Haematological findings (Table-II) at the time of diagnosis revealed pancytopenia while three cases had leucocytosis. Five patients (83.3%) presented with severe anaemia with haemoglobin level less than the mean of 9.8g/dl and two cases with thrombocytopenia (100x109/l). Comparing the haematological values at diagnosis and six months post therapy revealed a lower median leucocyte count (P=0.0043), insignificant increase in platelet count (P=0.24) and a higher haemoglobin level (P=0.36). Typical pattern of bone marrow involvement in HCL was characterized by focal (33.3%) as well as diffuse (66.7%) mononuclear cell infiltration with individual nuclei of hairy cells infiltrating between the marrow fat cells. Most of the patients displayed megaloblastoid erythropoiesis. Lymph node biopsies were rarely documented.
Table-III: revealed the relationship between the spleen size and haematological parameters. Leucocyte counts at diagnosis showed a significant correlation with spleen size (r = 0.92, p=0.009). Also, the spleen size at presentation showed a significant negative correlation with haemoglobin level (r = -0.98, p=0.0007) and platelet count (r = -0.95, p=0.004).
Four of the patients had splenectomy and interferon-alpha, 3x106 U weekly for an average of four months while the remaining patients had cladribine, 0.07mg/kg/day by continuous infusion, over a seven-day period. Partial remission was recorded in all the interferon-treated and one cladribine patient while complete remission was observed in the other cladribine-treated patient.

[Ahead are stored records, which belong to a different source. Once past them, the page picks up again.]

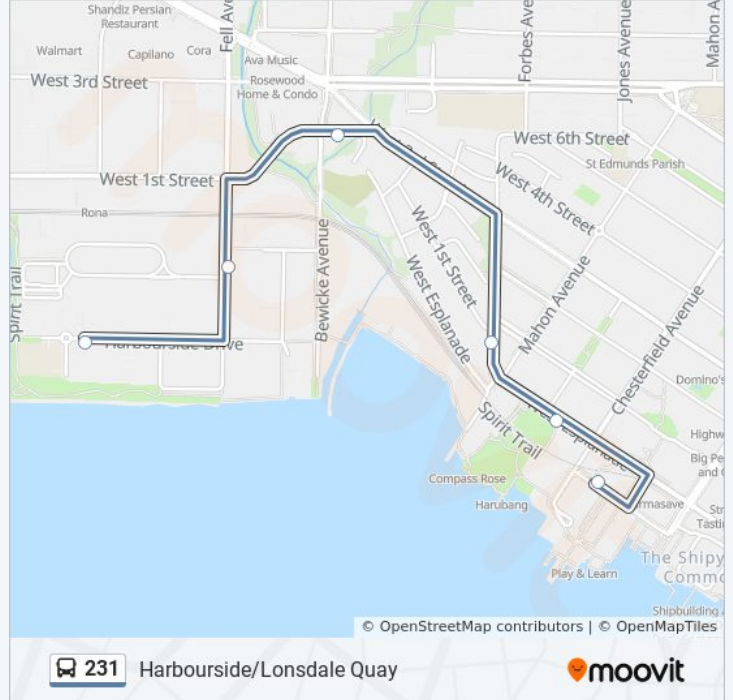

Direction: Harbourside

6 stops

[VIEW LINE SCHEDULE](#)

Lonsdale Quay @ Bay 9

Westbound W Esplanade Ave @ Semisch Ave

Northbound Forbes Ave @ W 1st St

Westbound W 2nd St @ Bewicke Ave

Southbound Fell Ave @ Automall Dr

231 bus Info

Direction: Harbourside

Stops: 6

Trip Duration: 9 min

Line Summary:

Direction: Lonsdale Quay

6 stops

[VIEW LINE SCHEDULE](#)

Lonsdale Quay Route Timetable:

Sunday	Not Operational
Monday	3:46 PM - 5:46 PM
Tuesday	3:46 PM - 5:46 PM
Wednesday	3:46 PM - 5:46 PM
Thursday	3:46 PM - 5:46 PM
Friday	Not Operational
Saturday	Not Operational

231 bus Info

Direction: Lonsdale Quay

Stops: 6

Trip Duration: 10 min

Line Summary:

231 bus time schedules and route maps are available in an offline PDF at moovitapp.com. Use the [Moovit App](#) to see live bus times, train schedule or subway schedule, and step-by-step directions for all public transit in Southwest British Columbia.

Hairy cell leukaemia (HCL) is a well-recognized entity among the B lymphoid disorders. With the wide variability in its clinical and haematologic manifestations, several subtypes of HCL such as leucopenic and non leucopenic subtypes and subtypes with and without massive splenomegaly have been proposed.5 Newer therapeutic options such as purine analogues have been adopted with minimal toxicity. However, these different chemotherapies failed to demonstrate sustained benefit, as the best treatment protocol for HCL has not yet been identified. Prime objective of treatment was normalization of the blood counts since pancytopenia is the main cause of complications. In addition, splenectomy is still indicated in the treatment of young patients with significant splenomegaly and only minimal bone marrow involvement since it presumably alleviates the pancytopenic effect of hypersplenism by removing the site of leukaemic cell proliferation.6 Interferon-alpha has been reported to benefit HCL patients with active disease, whether or not they had undergone prior splenectomy and is known to induce partial response of relatively short duration.

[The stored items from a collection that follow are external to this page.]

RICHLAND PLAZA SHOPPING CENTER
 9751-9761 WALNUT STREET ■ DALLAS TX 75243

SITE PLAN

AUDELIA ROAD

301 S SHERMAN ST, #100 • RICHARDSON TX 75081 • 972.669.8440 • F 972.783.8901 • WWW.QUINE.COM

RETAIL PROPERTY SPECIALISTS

HCL accounted for approximately 1.5% of all haematological malignancies; an incidence of 0.18/million/year. This is in contrast with the mean incidence of 4.7/million/year in a well defined population of Iceland.7 the higher incidence in some of the geographic regions probably reflects the better and earlier detection technique of the disease. That only six cases of HCL were confirmed within the 10-year period of study reflects the rarity of the disease. The incidence of HCL in Chinese (0.035/100,000 population per year) has also been reported to be much lower than in Western series,8,9 but this is about two times the incidence in this report. Median age of 40 years at presentation was slightly lower when compared to the Caucasians.10 Male predominance is similar to that in the western world probably depicting an occupational association.11 This may be due to the fact that males are more exposed to environmental pollution as they are the breadwinners especially in the Niger Delta region of Nigeria, with petrochemical industries and gas flare sites where all the patients came from. However, no association has been found between HCL and employment in a job exposed to benzene or ionizing radiation in another study.12,13
The clinical and laboratory features of our patients are similar to previous reports in the diaspora.8 The main clinical features at diagnosis associated with pancytopenia were anaemia symptoms, abdominal swelling and splenic discomfort/pain. Anaemia probably resulted from infiltration/reduced bone marrow production, megaloblastoid marrow and splenic pooling. The patients were moderately neutropenic and monocytopenic and the presence of infections did not run its normal course. Three of the patients (50%) had associated mycobacterial infections for which they were treated while two patients (33.3%) presented with bleeding diathesis with platelet count below 100x109/l. Alpha-IFN treatment with splenectomy showed a significant response with normalization of the haematological parameters, though only the leucocyte count was statistically significant (p=0.004).This was similar to another study carried out in Illinois, USA.14 Haematological complications of pancytopenia are due not only to the enlarged spleen causing hypersplenism but probably also due to the hairy cells in the bone marrow inducing cytokine-mediated suppression of haematopoiesis.15 Several investigators have suggested that the stimulating cytokines are produced by the malignant B cells themselves, indicating an autocrine growth regulation.15
Main physical sign was massive splenomegaly (66.7%), a measure of tumor load,16 and hepatomegaly (66.7%). This measure of tumor load with massive spleen in HCL was confirmed in this study with the presence of a significant positive relationship between white cell count and splenic size (r =0.92; p=0.009). Presence of massive spleen in HCL patients confers a less favorable prognosis and probably reflects the advanced stage of the disease.17 Involvement of splenomegaly leads to secondary consumption of red cells, platelets and neutrophils as well as other complications of an enlarged spleen, including infarction-or-rarely rupture.2 Also, a low hairy cell index at diagnosis has been reported to correlate favorably with a good haematological response.18 Only one patient (16.7%) had lymphadenopathy which has been reported to be rare.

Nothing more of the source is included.